§ What is required:
The reply should match the listing below character for character, except that no image is carried over.
*** Records for this exercise ***
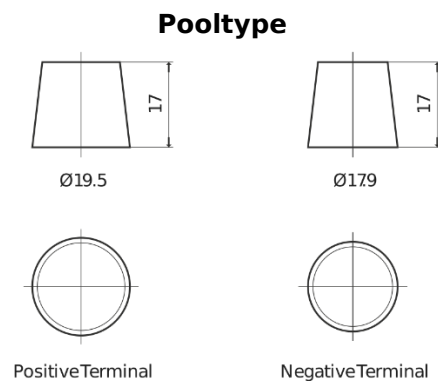

Product overzicht

Accu's voor Auto's

EFB EL604

Type	EL604
Technology	EFB
EAN/GTIN	3661024036566
Voltage	12 V
Capaciteit	60 Ah
CCA	520 A
Lengte	230 mm
Breedte	173 mm
Hoogte	222 mm
Box size	D23
Polariteit	ETN 0
Pooltype	EN taper post
Houd ingedrukt	B0
Gewicht (onder voorbehoud)	15.80 kg
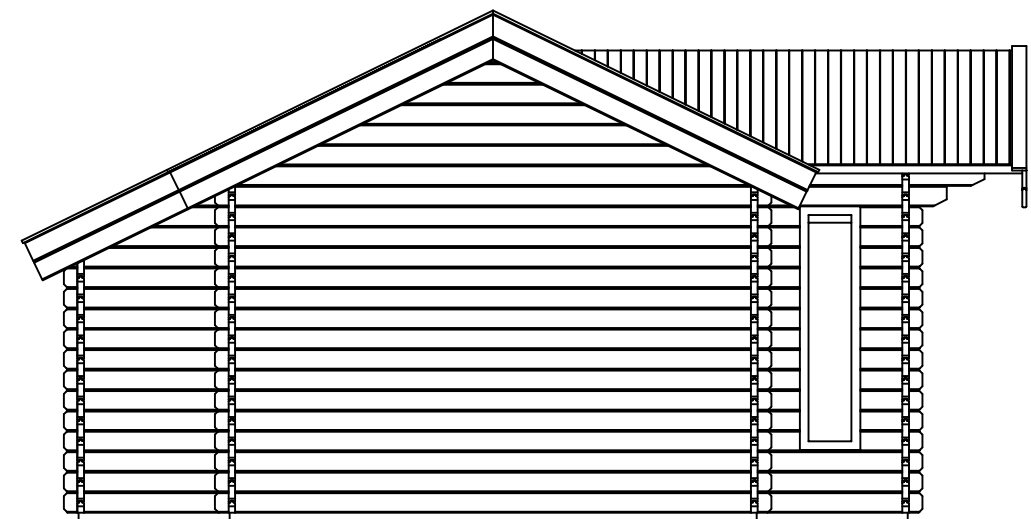

### *Blokhut / Log cabin - Daisy*

Omschrijving / Description:  
550x850cm / 44mm  
Onderdeel / Component:  
Bouwtekening / Construction drawing  
Dealer:  
Quality Garden Buildings  
Ref.:  
Green

Ordernr.:  
70393  
Schaal / Scale:  
1:50  
BLAD NR.:  
BT

**LUGARDE**®  
©LUGARDE® Laren Holland  
www.lugarde.com  
sale@lugarde.nl  
*Simply the best*

3380+

3150+

0+

*Achteraanzicht / Rear view / Hinterseite*

*(L) Zijaanzicht / Side view / Seitenansicht*

*Blokhut / Log cabin - Daisy*

Omschrijving / Description:  
550x850cm / 44mm  
Onderdeel / Component:  
Bouwtekening / Construction drawing  
Dealer:  
Quality Garden Buildings  
Ref.:  
Green

Ordernr.:  
70393  
Schaal / Scale:  
1:50  
BLAD NR.:  
BT
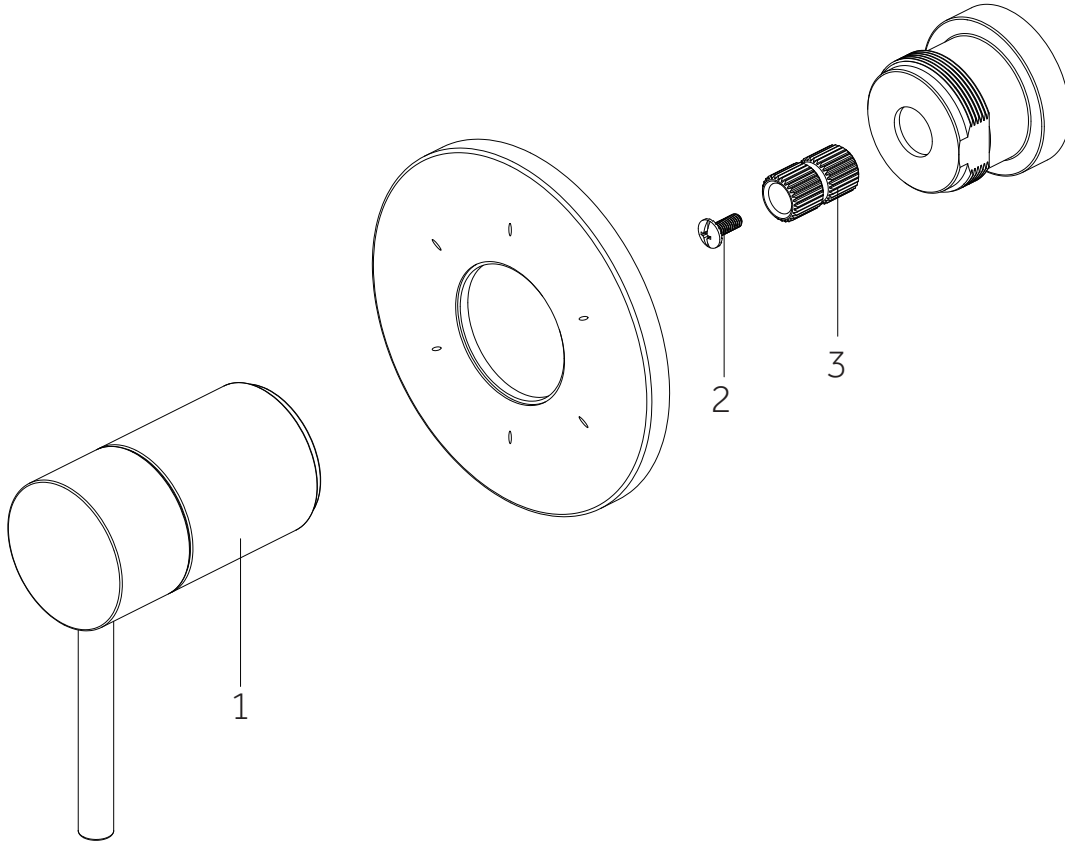

# LEXIA

IN-WALL SHOWER DIVERTER TRIM  
DESVIADOR DE DUCHA DE PARED  
GARNITURE D'INVERSEUR DE DOUCHE INTÉGRÉE  
SKU: 953774

No.	Part Name / Nombre de pieza / Pièce	Part No.
1	Handle Assembly / Ensamblaje de la Manija / Manette	OBPF713071*
2	Screw / Tornillo / Vis	OBPF150142
3	Connector / Conector / Raccorder	OBPF870350

\*Specify Finish / Especifica el Acabado / Spécifiez la Finition

Code: SHLE9005
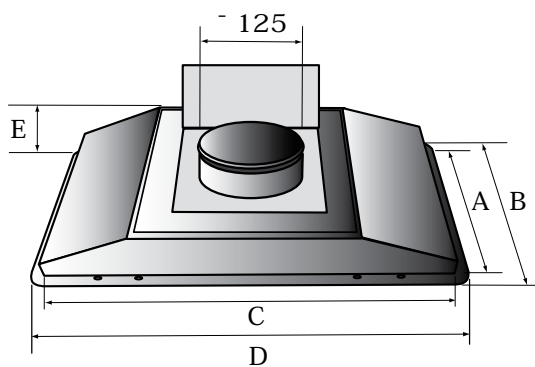

TFHCE · CENTRAL-LINE · FOR FELLESAVTREKK

PRODUKTSPEKIFIKASJONER

- Filterinnsats uten motor beregnet for sentralventilasjon. Kan bl.a. benyttes sammen med Thermex kjøkkenhetter (Century-Line).
- Kan også monteres i overskap.
- Leveres med spjeld i.h.t. forskriftene for innregulering.
- TFHC 360-380 leveres med 2 stålfiltre, halogenspotter og fingertouchpanel.
- Grunnventilasjon: 72 m³/t (kan reguleres til et lavere nivå)
- Forsert ventilasjon: 144 m³/h.
- Wattforbruk: 40 W.
- 2 x 20 W halogenspotter.
- Støynivå: 30 dB ved grunnventilasjon.
- Spjeldet kan innstilles i 5 ulike posisjoner.
- Timerstyring 20-40-60 min.
- Kanaltilkobling: Ø 125 mm.
- Tilpasset for sentralventilasjon i et fellesanlegg (f.eks. Boligblokk).
- Godkjent av det Danske Teknologiske Institutt.

Vennligst innhent tilbud ved flere enheter for prosjekter!

MÅLSKISSE

Mål i mm	A	B	C	D	E
TFCE 360	268	278	509	545	277
TFCE 380	364	400	706	745	277

TFHCE 360-380

Vare	Farge	Varenr.	Pris
TFHCE 360	Stålgrå	513.99.9158.3	11.250,-
TFHCE 380	Stålgrå	513.99.9028.3	11.750,-
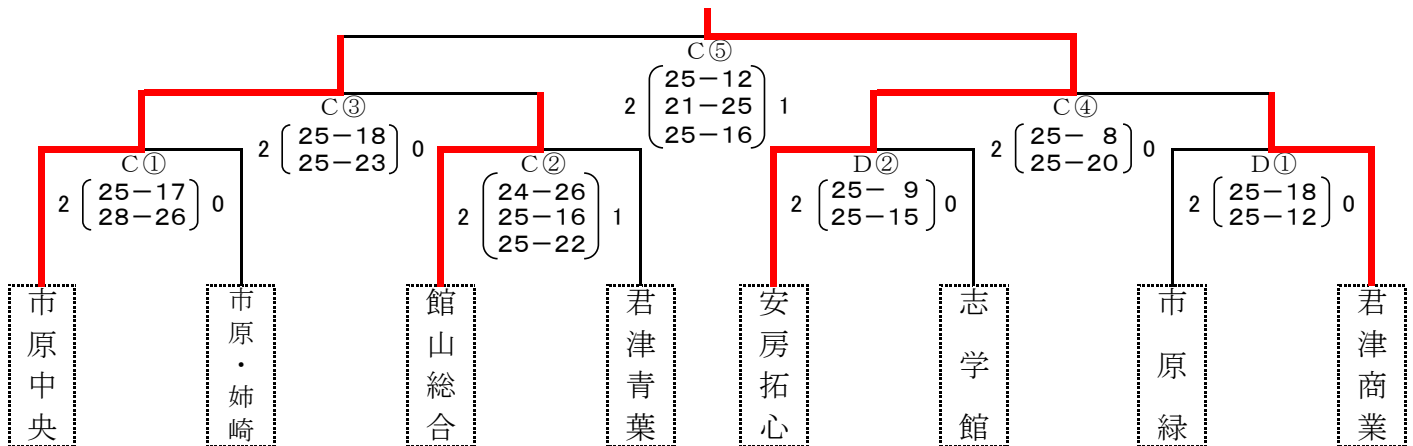

### 第39回 内房地区高等学校バレーボール大会 女子結果

◇決勝トーナメント (於 君津市民体育館)

優勝：安房西高等学校・翔凜高等学校

3位：安房高等学校・東海大学付属市原望洋高等学校

※A⑥においては体育館の使用時間の関係上、2セットマッチとなり、セットカウント1-1のため、安房西・翔凜の両校を優勝とする。

◇錬成トーナメント (於 木更津東高校)

第1位：安房拓心高等学校

第2位：市原中央高等学校
*** End of Records for this exercise ***
§ Result:
Product overzicht

Accu's voor Auto's

EFB EL604

Type	EL604
Technology	EFB
EAN/GTIN	3661024036566
Voltage	12 V
Capaciteit	60 Ah
CCA	520 A
Lengte	230 mm
Breedte	173 mm
Hoogte	222 mm
Box size	D23
Polariteit	ETN 0
Pooltype	EN taper post
Houd ingedrukt	B0
Gewicht (onder voorbehoud)	15.80 kg

### *Blokhut / Log cabin - Daisy*

Omschrijving / Description:  
550x850cm / 44mm  
Onderdeel / Component:  
Bouwtekening / Construction drawing  
Dealer:  
Quality Garden Buildings  
Ref.:  
Green

Ordernr.:  
70393  
Schaal / Scale:  
1:50  
BLAD NR.:  
BT

**LUGARDE**®  
©LUGARDE® Laren Holland  
www.lugarde.com  
sale@lugarde.nl  
*Simply the best*

3380+

3150+

0+

*Achteraanzicht / Rear view / Hinterseite*

*(L) Zijaanzicht / Side view / Seitenansicht*

*Blokhut / Log cabin - Daisy*

Omschrijving / Description:  
550x850cm / 44mm  
Onderdeel / Component:  
Bouwtekening / Construction drawing  
Dealer:  
Quality Garden Buildings  
Ref.:  
Green

Ordernr.:  
70393  
Schaal / Scale:  
1:50  
BLAD NR.:  
BT

# LEXIA

IN-WALL SHOWER DIVERTER TRIM  
DESVIADOR DE DUCHA DE PARED  
GARNITURE D'INVERSEUR DE DOUCHE INTÉGRÉE  
SKU: 953774

No.	Part Name / Nombre de pieza / Pièce	Part No.
1	Handle Assembly / Ensamblaje de la Manija / Manette	OBPF713071*
2	Screw / Tornillo / Vis	OBPF150142
3	Connector / Conector / Raccorder	OBPF870350

\*Specify Finish / Especifica el Acabado / Spécifiez la Finition

Code: SHLE9005

TFHCE · CENTRAL-LINE · FOR FELLESAVTREKK

PRODUKTSPEKIFIKASJONER

- Filterinnsats uten motor beregnet for sentralventilasjon. Kan bl.a. benyttes sammen med Thermex kjøkkenhetter (Century-Line).
- Kan også monteres i overskap.
- Leveres med spjeld i.h.t. forskriftene for innregulering.
- TFHC 360-380 leveres med 2 stålfiltre, halogenspotter og fingertouchpanel.
- Grunnventilasjon: 72 m³/t (kan reguleres til et lavere nivå)
- Forsert ventilasjon: 144 m³/h.
- Wattforbruk: 40 W.
- 2 x 20 W halogenspotter.
- Støynivå: 30 dB ved grunnventilasjon.
- Spjeldet kan innstilles i 5 ulike posisjoner.
- Timerstyring 20-40-60 min.
- Kanaltilkobling: Ø 125 mm.
- Tilpasset for sentralventilasjon i et fellesanlegg (f.eks. Boligblokk).
- Godkjent av det Danske Teknologiske Institutt.

Vennligst innhent tilbud ved flere enheter for prosjekter!

MÅLSKISSE

Mål i mm	A	B	C	D	E
TFCE 360	268	278	509	545	277
TFCE 380	364	400	706	745	277

TFHCE 360-380

Vare	Farge	Varenr.	Pris
TFHCE 360	Stålgrå	513.99.9158.3	11.250,-
TFHCE 380	Stålgrå	513.99.9028.3	11.750,-

### 第39回 内房地区高等学校バレーボール大会 女子結果

◇決勝トーナメント (於 君津市民体育館)

優勝：安房西高等学校・翔凜高等学校

3位：安房高等学校・東海大学付属市原望洋高等学校

※A⑥においては体育館の使用時間の関係上、2セットマッチとなり、セットカウント1-1のため、安房西・翔凜の両校を優勝とする。

◇錬成トーナメント (於 木更津東高校)

第1位：安房拓心高等学校

第2位：市原中央高等学校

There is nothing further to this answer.